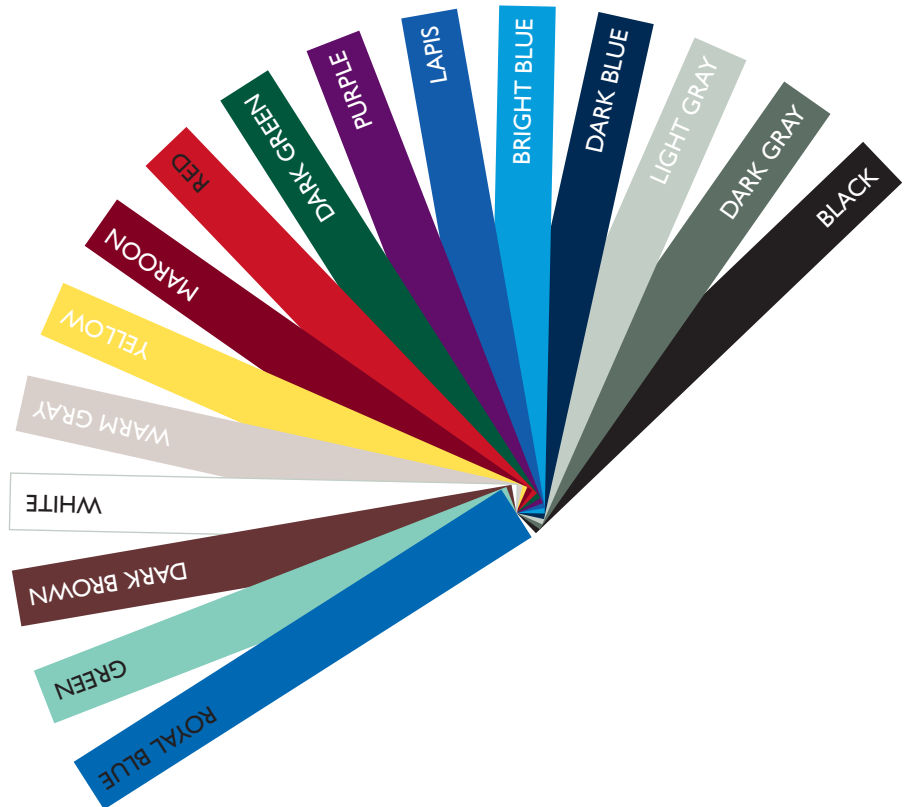

EDGE: specialized to give incredibly strong cover adhesion and to prevent seepage

Color code your documents with Fastback® SuperStrip™. Choose one color for reports, another for budgets, a third for plans. . .you get the idea. Use any covers, too. Paper, clear, plastic

Choose from a wide range of colors.

STRIP CAPACITY

Three different strip widths for binding from 10-350 sheets.

LAY FLAT

Documents lay flat.

SPINE TITLING

Print personalized foil spine titles on your desktop in minutes. The PowisPrinter prints several different foil colors.

BINDER COVERS

Choose from our selection of matching Binder Covers.

Color	8.5"	11"	14"	BinderCover™
-------	------	-----	-----	--------------

- Black
- White
- Dark Blue
- Dark Gray
- Maroon
- Dark Green
- Light Gray
- Bright Blue
- Lapis
- Purple
- Red
- Yellow
- Warm Gray
- Dark Brown
- Green
- Royal Blue

Width	Binding Capacity	Quantity
-------	------------------	----------

Narrow	10-125 sheets	500 / Ctn
Medium	125-250 sheets	400 / Ctn
Wide	250-350 sheets	300 / Ctn

For custom lengths and colors, please contact our sales team for a quote.
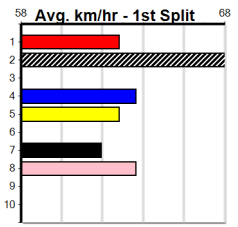

Horsham

CHS GROUP

Distance: 410m, Race Type: Grade 7, Total Prizemoney: \$2,925
1st: \$1,950, 2nd: \$600, 3rd: \$300, 4th: \$75

9

8:35PM

(VIC time)

WHO MADE YOU (2) showed early speed in his good last start win and he looks set to lead from go to whoa in a race of this nature. GOOD GIRL KIWI (1) can be a bit hit or miss early in her races but she could be the main danger from the gun draw.
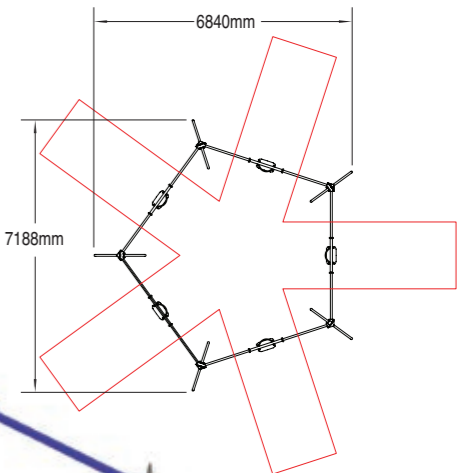

Swings
Age range 2 to adult

Hurricane Swing
Product code 6040-069

Wet Pour Safety Surfacing
1.6m FFH: 84m² x 60mm

5 Point Swing
Product code 6040-068

Wet Pour Safety Surfacing
1.5m FFH: 46m² x 50mm

Bobbin' Swing
Product code 6040-067
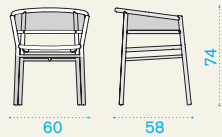

Kilt — design by Marcello Ziliani

Material

Stainless Steel

Round Rope Grey

Teak

Round Rope Sand

Dining armchair - stainless steel

Item	Description	Pack unit
------	-------------	-----------

 KISA00CG0	Armchair, steel + round rope	4
---	------------------------------	---

 COVER313	Rain cover 62 x 60 h74	1
--	------------------------	---

 → 5 |  |  → 4 |  H 85 D 67 L 67 |  → 24

Dining armchair - Teak

 KIST00CS0	Armchair, teak + round rope	4
---	-----------------------------	---

 COVER313	Rain cover 62 x 60 h74	1
--	------------------------	---

 → 4 |  |  → 4 |  H 85 D 67 L 67 |  → 24
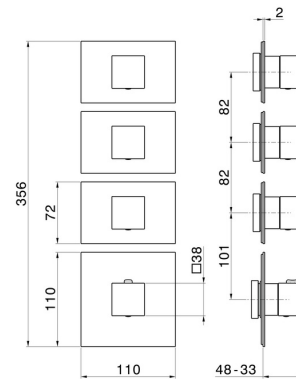

67640E.21.018

3 ways out concealed thermostatic multifunction selectors.
3/4" connections. External part - finish Chrome

FEATURES

Material	Brass
Installation	Wall concealed part
Outlets	3 Ways Out
Water mixing	Thermostatic
Required for installation	<u>27877.00.000</u>

TECHNICAL DRAWING

67640E.21.018

3 ways out concealed thermostatic multifunction selectors. 3/4" connections. External part - finish Chrome

AVAILABLE FINISHES

21.018
Chrome

01.093
finish Matt Black
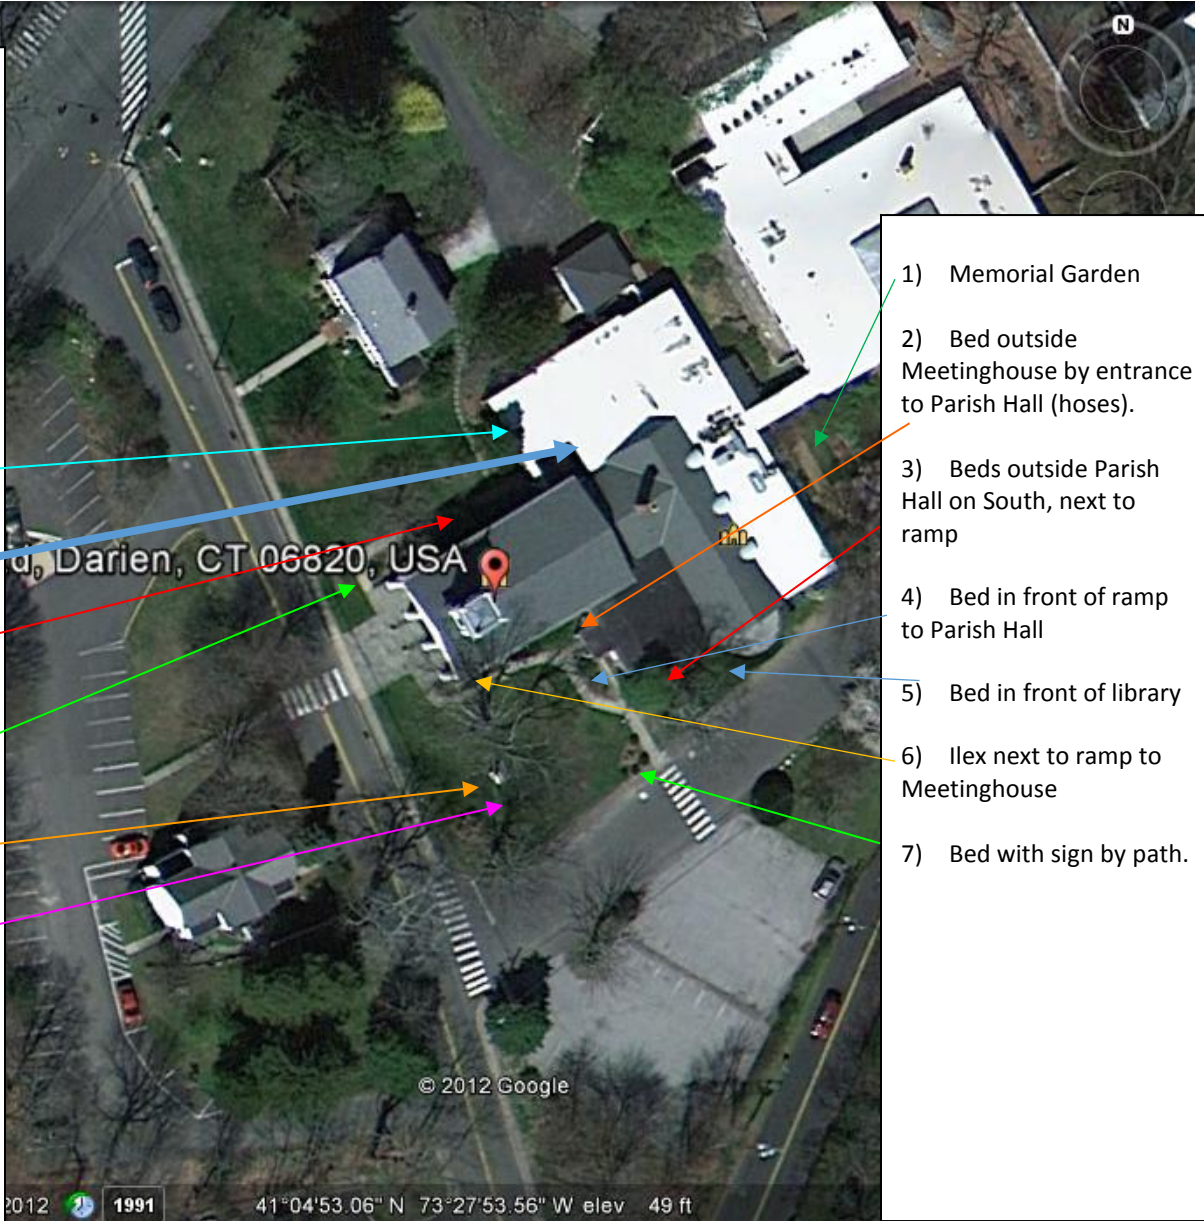

### Adopt-A-Spot Map

**Spots Up for Adoption**  
**Choose One or More:**

- 8) Bed in front of Dale's office.
- 9) Courtyard by Office Wind Entrance.
- 10) Bed on North side of Meetinghouse.
- 11) Long bed in front of Meeting House.
- 12) Bed with white church sign by bench
- 13) Round bed with metal church sign.

- 1) Memorial Garden
- 2) Bed outside Meetinghouse by entrance to Parish Hall (hoses).
- 3) Beds outside Parish Hall on South, next to ramp
- 4) Bed in front of ramp to Parish Hall
- 5) Bed in front of library
- 6) Ilex next to ramp to Meetinghouse
- 7) Bed with sign by path.
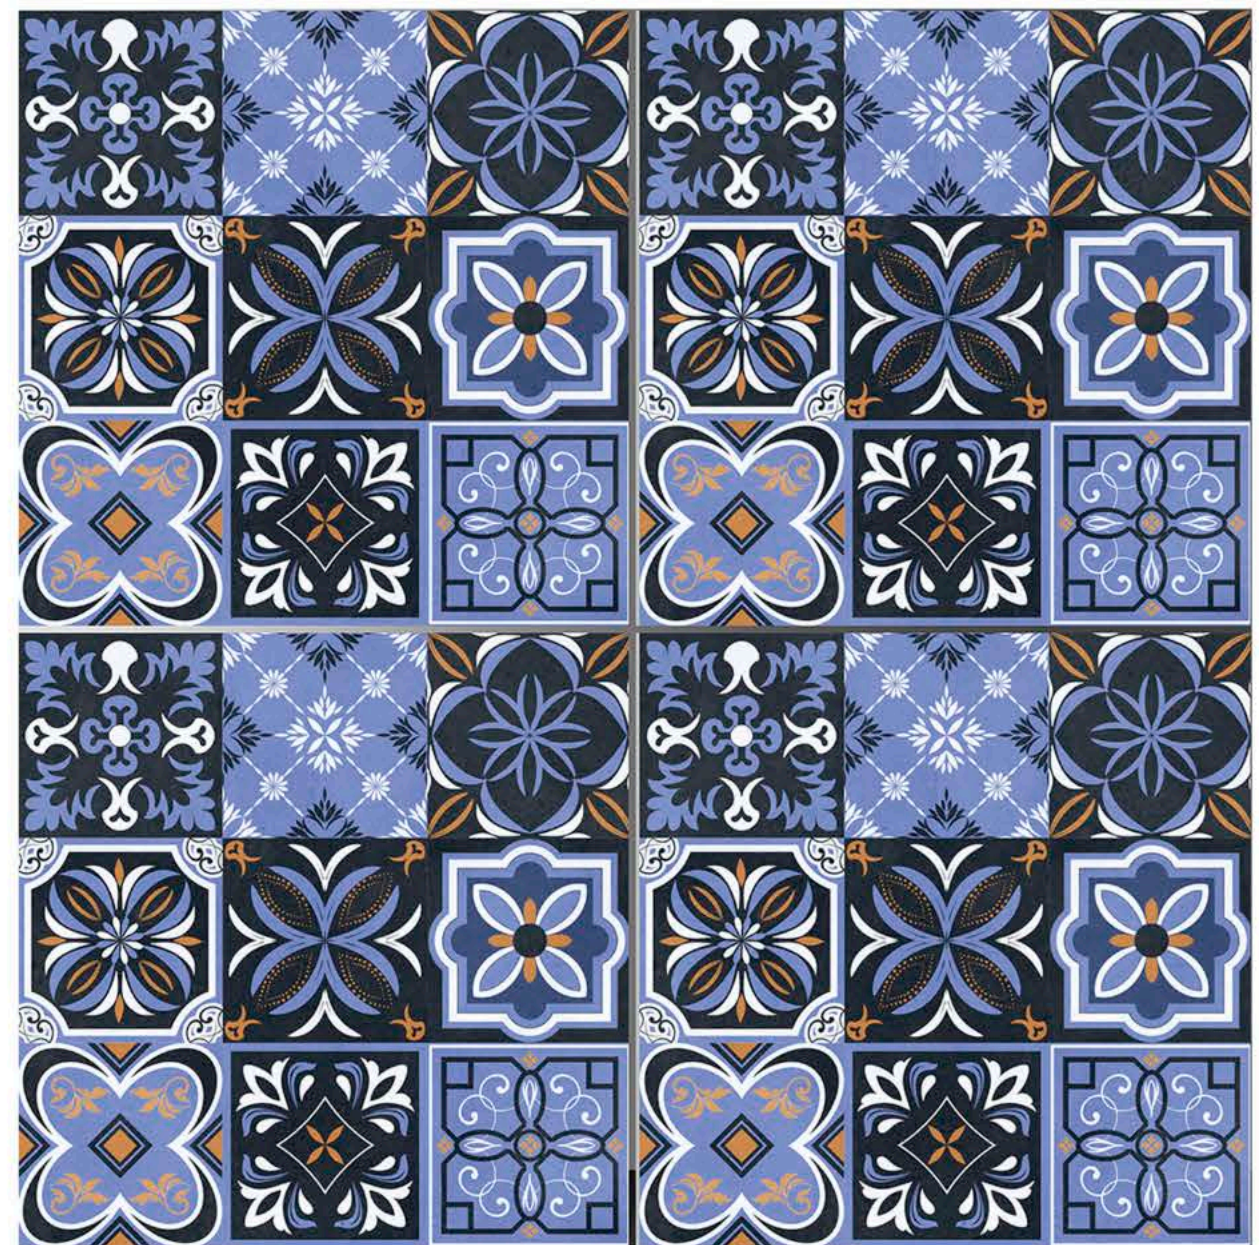

**600MMx600MM
PORCELAIN TILES**

3063

3064

3065

3066

LEADSUN

**MATT
SERIES**

APPLICATIONS
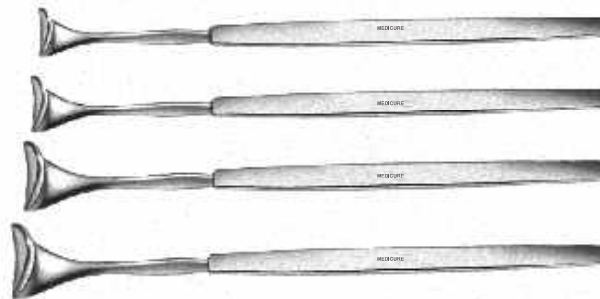

Scleral Depressor / Retractors

Scleral Depressor with
thimble
MI-1161

Scleral Depressor
double ended
MI-1164

Localizer & Scleral depressor
for fixation & rotation
MI-1167

Sheet Glide Intraocular lens
glide
MI-1170

Jaffe wire lid retractor may be
clamped to surgical drape
with suture or elastic band
MI- 1173

Stallard ptosis plate
MI- 1176

Desmarres Lid Retractor,
solid blade size-1,2,3 & 4
overall size 148mm
MI- 1179
------------------------------
▶ [EXERCISE DETAILS]
A word-for-word copy of the listing is the goal; keep every picture out of it.

▶ [EXERCISE OUTPUT]
EDGE: specialized to give incredibly strong cover adhesion and to prevent seepage

Color code your documents with Fastback® SuperStrip™. Choose one color for reports, another for budgets, a third for plans. . .you get the idea. Use any covers, too. Paper, clear, plastic

Choose from a wide range of colors.

STRIP CAPACITY

Three different strip widths for binding from 10-350 sheets.

LAY FLAT

Documents lay flat.

SPINE TITLING

Print personalized foil spine titles on your desktop in minutes. The PowisPrinter prints several different foil colors.

BINDER COVERS

Choose from our selection of matching Binder Covers.

Color	8.5"	11"	14"	BinderCover™
-------	------	-----	-----	--------------

- Black
- White
- Dark Blue
- Dark Gray
- Maroon
- Dark Green
- Light Gray
- Bright Blue
- Lapis
- Purple
- Red
- Yellow
- Warm Gray
- Dark Brown
- Green
- Royal Blue

Width	Binding Capacity	Quantity
-------	------------------	----------

Narrow	10-125 sheets	500 / Ctn
Medium	125-250 sheets	400 / Ctn
Wide	250-350 sheets	300 / Ctn

For custom lengths and colors, please contact our sales team for a quote.

Horsham

CHS GROUP

Distance: 410m, Race Type: Grade 7, Total Prizemoney: \$2,925
1st: \$1,950, 2nd: \$600, 3rd: \$300, 4th: \$75

9

8:35PM

(VIC time)

WHO MADE YOU (2) showed early speed in his good last start win and he looks set to lead from go to whoa in a race of this nature. GOOD GIRL KIWI (1) can be a bit hit or miss early in her races but she could be the main danger from the gun draw.

Swings
Age range 2 to adult

Hurricane Swing
Product code 6040-069

Wet Pour Safety Surfacing
1.6m FFH: 84m² x 60mm

5 Point Swing
Product code 6040-068

Wet Pour Safety Surfacing
1.5m FFH: 46m² x 50mm

Bobbin' Swing
Product code 6040-067

Kilt — design by Marcello Ziliani

Material

Stainless Steel

Round Rope Grey

Teak

Round Rope Sand

Dining armchair - stainless steel

Item	Description	Pack unit
------	-------------	-----------

 KISA00CG0	Armchair, steel + round rope	4
---	------------------------------	---

 COVER313	Rain cover 62 x 60 h74	1
--	------------------------	---

 → 5 |  |  → 4 |  H 85 D 67 L 67 |  → 24

Dining armchair - Teak

 KIST00CS0	Armchair, teak + round rope	4
---	-----------------------------	---

 COVER313	Rain cover 62 x 60 h74	1
--	------------------------	---

 → 4 |  |  → 4 |  H 85 D 67 L 67 |  → 24

67640E.21.018

3 ways out concealed thermostatic multifunction selectors.
3/4" connections. External part - finish Chrome

FEATURES

Material	Brass
Installation	Wall concealed part
Outlets	3 Ways Out
Water mixing	Thermostatic
Required for installation	<u>27877.00.000</u>

TECHNICAL DRAWING

67640E.21.018

3 ways out concealed thermostatic multifunction selectors. 3/4" connections. External part - finish Chrome

AVAILABLE FINISHES

21.018
Chrome

01.093
finish Matt Black

### Adopt-A-Spot Map

**Spots Up for Adoption**  
**Choose One or More:**

- 8) Bed in front of Dale's office.
- 9) Courtyard by Office Wind Entrance.
- 10) Bed on North side of Meetinghouse.
- 11) Long bed in front of Meeting House.
- 12) Bed with white church sign by bench
- 13) Round bed with metal church sign.

- 1) Memorial Garden
- 2) Bed outside Meetinghouse by entrance to Parish Hall (hoses).
- 3) Beds outside Parish Hall on South, next to ramp
- 4) Bed in front of ramp to Parish Hall
- 5) Bed in front of library
- 6) Ilex next to ramp to Meetinghouse
- 7) Bed with sign by path.

**600MMx600MM
PORCELAIN TILES**

3063

3064

3065

3066

LEADSUN

**MATT
SERIES**

APPLICATIONS

Scleral Depressor / Retractors

Scleral Depressor with
thimble
MI-1161

Scleral Depressor
double ended
MI-1164

Localizer & Scleral depressor
for fixation & rotation
MI-1167

Sheet Glide Intraocular lens
glide
MI-1170

Jaffe wire lid retractor may be
clamped to surgical drape
with suture or elastic band
MI- 1173

Stallard ptosis plate
MI- 1176

Desmarres Lid Retractor,
solid blade size-1,2,3 & 4
overall size 148mm
MI- 1179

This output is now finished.